Un’amica, da poco sposata, si è sentita dire dal suo capo: “Non capisco perché ti sei voluta legare così, ma non pensare di avere figli se vuoi continuare la tua carriera”. Un’altra ragazza, tornata in azienda dopo aver avuto un bambino, si è trovata in una situazione di mobbing “morbido”: veniva messa da parte nei progetti più importanti.
Il conflitto tra lavoro e famiglia, per le donne italiane, non si è mai risolto, ma l’anno della pandemia sembra aver riportato l’orologio indietro addirittura di qualche decennio. La perdita del lavoro nel 2020 riguarda le donne per il 98 per cento; una donna su due alla fine del primo lockdown aveva rinunciato ad almeno un progetto a causa del Covid e il 31 per cento annullava o posticipava la ricerca di un lavoro.
È un problema complesso che tocca temi quali il sistema di supporto alle famiglie in termini economici e di servizi di welfare, la tutela dei diritti dei lavoratori, l’organizzazione del lavoro, la conciliazione con i tempi di vita, e anche tratti culturali nella distribuzione dei compiti tra partner.

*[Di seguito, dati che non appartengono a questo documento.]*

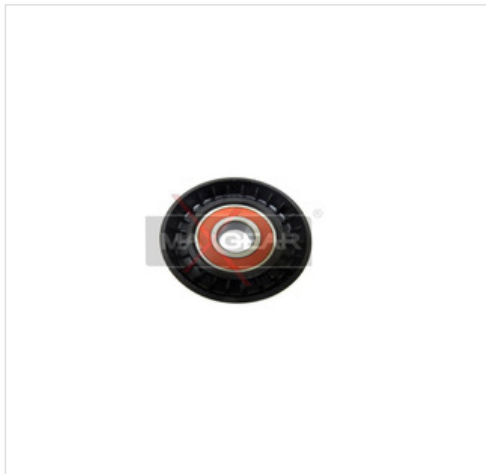

image not found or type unknown

Sklep z częściami samochodowymi nr 1

image not found or type unknown
22 884 65 45

image not found or type unknown
bok@iparts.pl

54-0421 MAXGEAR Ramię napinacza MAXGEAR 54-0421

Ramię napinacza MAXGEAR 54-0421

Producent: MAXGEAR

Kod produktu: 54-0421

Jednostka: szt.

Cena: **47** zł z VAT/szt.

Cena i dostępność może ulec zmianie

[Sprawdź aktualną cenę online »](#)

image not found or type unknown

Specyfikacja części

Ramię napinacza **MAXGEAR 54-0421** (54-0421), firmy **MAXGEAR**

Informacje

- Średnica zewnętrzna [mm]: **65**
- Średnica wewnętrzna [mm]: **17**
- Szerokość [mm]: **25,5**
- Materiał: **Tworzywo sztuczne**

Quindi s’intrecciano questioni culturali, sociali ed economiche, che inoltre peggiorano il quadro generale di crisi demografica che dura già da diversi anni.
In un momento di così grave incertezza e pericolo di rimanere disoccupati, potrebbe sembrare già una fortuna avere una qualsiasi occupazione. Una volta superata la pandemia e lo stato di emergenza economica, bisognerà ritornare a guardare in faccia un vecchio problema lasciato in sospeso: il lavoro, oltre che a mangiare, serve a esprimere, valorizzare le persone, oppure, è solo una funzione dell’ingranaggio produttivo?
In altre parole, si riuscirà a correggere il rapporto tra lavoro e produzione della ricchezza? Si correggerà la tendenza a creare denaro attraverso denaro, e non con il lavoro?
E, non ultimo, come cambierà il ruolo dei lavoratori a seguito del progresso tecnologico e di un’economia globalizzata? Tutte domande che la pandemia ha solo rimandato.